Скульптор Пекарев, прятавший свои шедевры от публики, ни разу не выставлявшийся ни до революции, ни после, счел себя оскорбленным: предложение Якулова поставило его спрятанные шедевры на один уровень со стряпней буржуазных художников.
— Ваш проект, — воскликнул он, обращаясь к Якулову, — позорная капитуляция перед буржуазным искусством.
В зале поднялся шум. Зазвенел колокольчик Каменевой.
— Больше того, — повысил голос Пекарев, — он выдает с головой ваши замыслы: прятать по подвалам буржуазную стряпню — это значит, что вы в душе ждете возвращения власти буржуазии!
— Вы дурак! — крикнул возмущенный Якулов.
Зал загудел и заохал.

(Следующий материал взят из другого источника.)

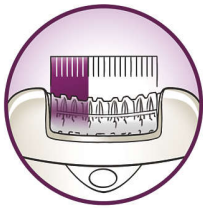

PHILIPS

Эпилятор

SatinPerfect

Эпиляция, контур и дизайн

HR6572/00

Быстрая эпиляция, результат надолго

Широкая эпилирующая головка SatinPerfect и керамические диски с текстурированной поверхностью удаляют больше волосков одним движением, улучшая результаты эпиляции. Гладкая кожа надолго — всего за несколько минут!

Комфортная эпиляция

- Вибрирующая массажная насадка подготавливает и успокаивает кожу
- Моющаяся головка для обеспечения идеальной гигиены

Идеально гладкая кожа в чувствительных местах

- Комфортное бритье, подравнивание и создание четкого контура

Эффективная эпиляция обеспечивает гладкость кожи надолго

- Широкая эпилирующая головка удаляет больше волосков одним движением
- Высокоэффективные диски аккуратно удаляют даже тонкие волоски
- Opti-light обеспечивает видимость самых тонких волосков
- Насадка для эффективной эпиляции следует изгибам тела
- Система активной вибрации приподнимает и удаляет непослушные волоски

Особенности

Широкая эпилирующая головка

Широкая эпилирующая головка удаляет больше волосков одним движением, обеспечивая гладкость кожи надолго всего за несколько минут

Бережная система

Бережная вибрирующая массажная насадка подготавливает и успокаивает кожу, обеспечивая комфорт во время эпиляции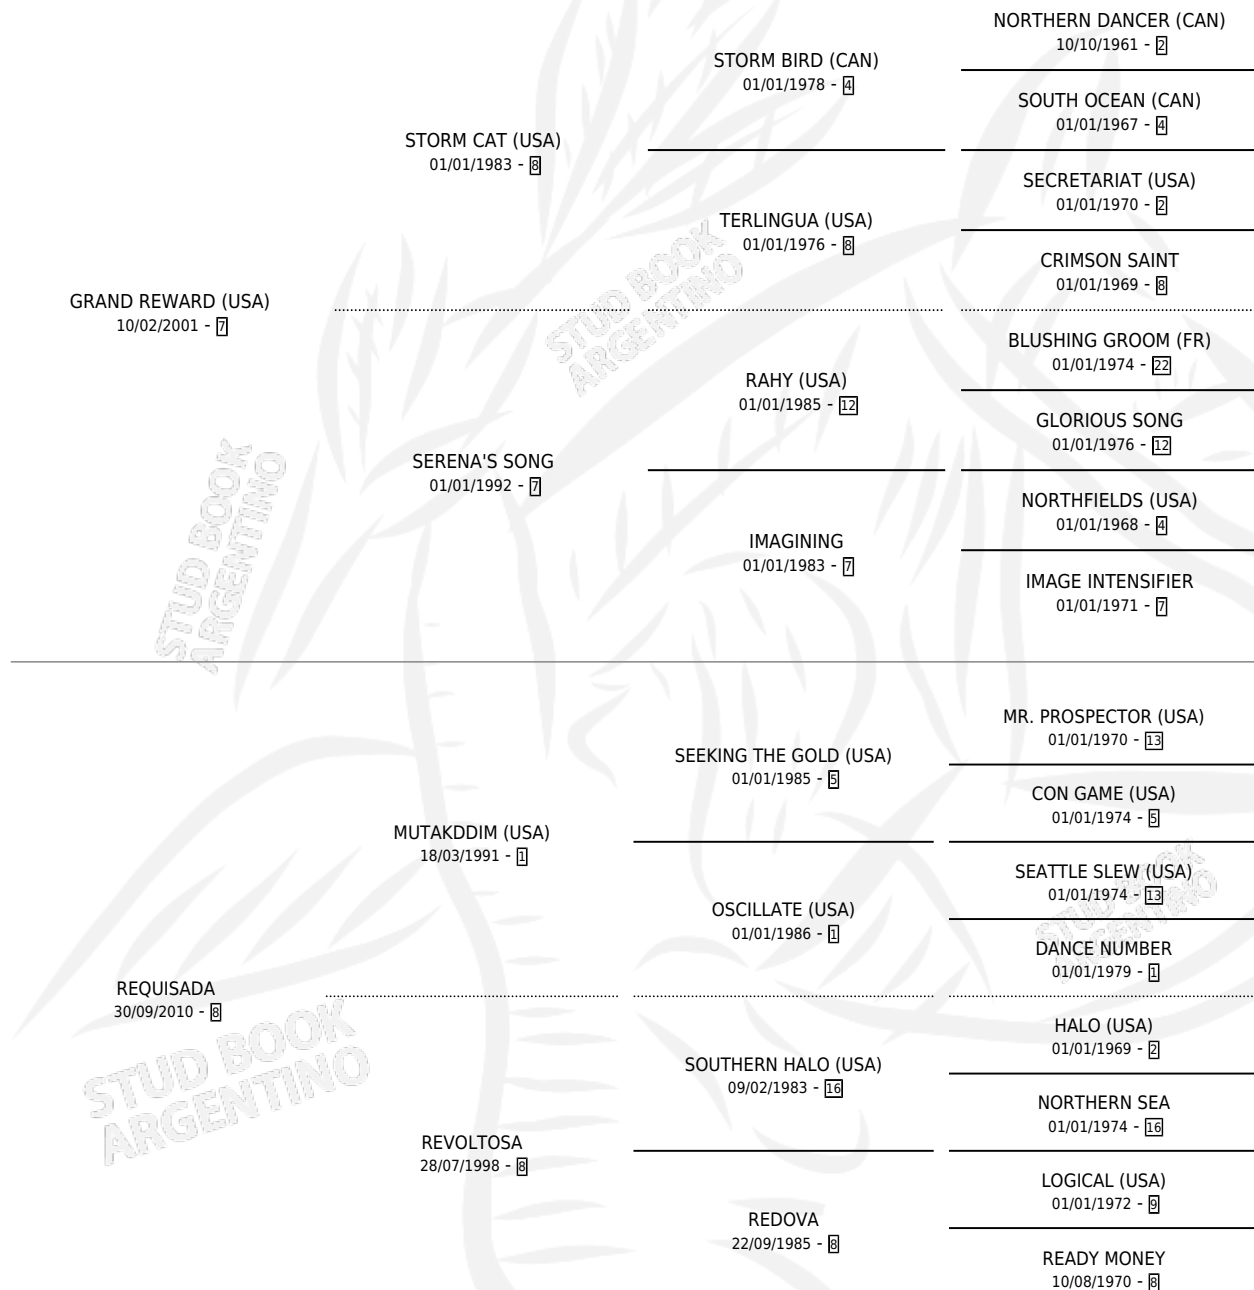

REQUETEGUAPA

por **GRAND REWARD (USA)** y **REQUISADA** por **MUTAKDDIM (USA)**

Argentina · Hembra · Alazan · SP · 30/07/2017
Familia 8-f · Volumen 43

ESTADO

TIPIFICACIÓN SANGUÍNEA	X
TIPIFICACIÓN POR ADN	✓
PASAPORTE	✓
IDENTIFICACIÓN POR MICROCHIP	✓
REPRODUCTOR	✓

Lugar de nacimiento: La Quebrada
Criador: La Quebrada

~

HIJOS

	MACHOS	HEMBRAS
1 NACIERON	0	1
SIN ACTUACIONES		

PEDIGREE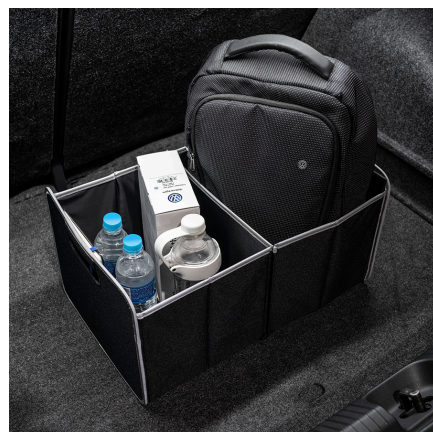

Bolsa Dobrável

Essa incrível bolsa dobrável é ideal para carregar suas compras e mantê-las organizadas no porta-malas. Feita em material impermeável e de alta resistência, a bolsa genuína Volkswagen suporta até 30 Kgs de carga.

Código: 5H0061104

Disponível para: Amarok, CrossFox, Fox, Gol, Golf, Golf Variant, ID.4, Jetta, Nivus, Passat, Polo, Polo Track, Saveiro, T-Cross, Taos, Tiguan RLine, Touareg, up!, Virtus, Voyage

Base modular para transporte de objetos no encosto de cabeça

Suporte para os componentes do sistema modular de transporte de objetos (gancho porta-bolsas, mesa dobrável, porta iPad e cabide).

Código: 000061122

Disponível para: Amarok, CrossFox, Fox, Gol, Golf, Golf Variant, ID.4, Jetta, Nivus, Passat, Polo, Saveiro, T-Cross, Taos, Tiguan RLine, Touareg, up!, Virtus, Voyage

Porta-objetos

Suporte para armazenamento de objetos Instalado diretamente no compartimento de copos do veículo, garantindo facilidade no manuseio. É o lugar ideal para o armazenamento de pequenos objetos.

Código: 000061142

Disponível para: Amarok, CrossFox, Fox, Gol, Golf, Golf Variant, ID.4, Jetta, Nivus, Passat, Polo, Polo Track, Saveiro, T-Cross, Taos, Tiguan RLine, Touareg, up!, Virtus, Voyage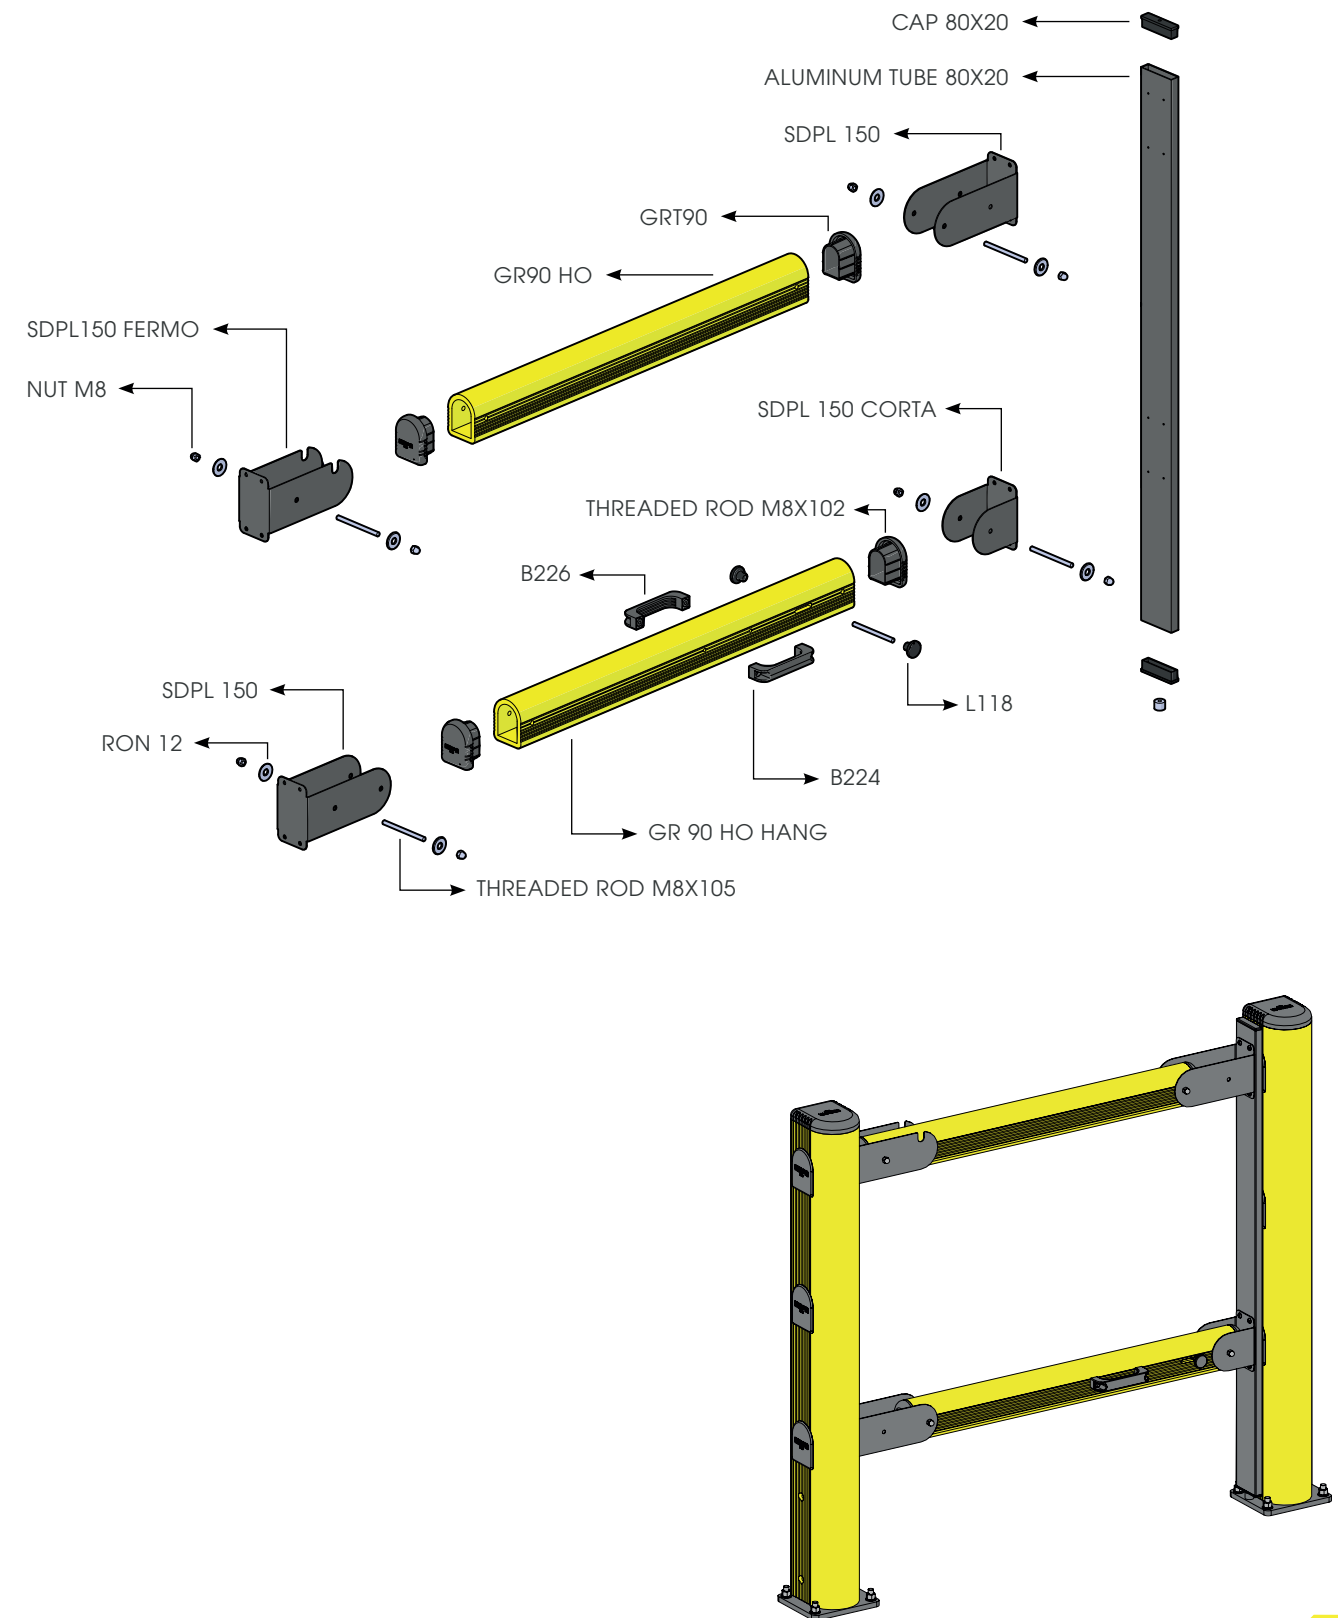

CANCELLO PEDESTRIAN 90
GATE FOR PEDESTRIAN 90

LIFT GATE 90

ISTRUZIONI DI INSTALLAZIONE
ASSEMBLY INSTRUCTIONS

WARNING
The distance of installation depends
on speed and weight of vehicle

LIFT GATE 90

ISTRUZIONI DI INSTALLAZIONE
ASSEMBLY INSTRUCTIONS

LIFT GATE 150

CANCELLO PEDESTRIAN 150
GATE FOR PEDESTRIAN 150

LIFT GATE 150

CANCELLO PEDESTRIAN 150
GATE FOR PEDESTRIAN 150

LIFT GATE 150

ISTRUZIONI DI INSTALLAZIONE
ASSEMBLY INSTRUCTIONS

LIFT GATE 150

ISTRUZIONI DI INSTALLAZIONE
ASSEMBLY INSTRUCTIONS

LINK SINGLE

GUARD RAIL A SINGOLA BARRIERA REGOLABILE
ADJUSTABLE SINGLE RAIL BARRIER

Колокольчик дребезжал, но никто его не слышал. Комендант клуба — рослый парень в потертой гимнастерке и кубанке, надетой набекрень, — громовым голосом потребовал тишины (благодаря голосу ему и даровали этот пост). Если колокольчик Каменевой можно сравнить с приказом начальства, то голос коменданта нельзя не сравнить с прекрасным исполнителем, ибо зал сразу стих. Разумеется, в «Красном петухе» никогда не было затишья абсолютного, всегда относительное.
Следующего оратора, искусствоведа Капсулева, зал ни разу не прервал, несмотря на то что говорил он невнятно и скучно. Секрет заключался в том, что он в докладе читал по порядку все выписки из различных книг мировой истории, которые касались дат, когда в различных государствах в разные эпохи происходили столкновения между представителями старого и нового искусства.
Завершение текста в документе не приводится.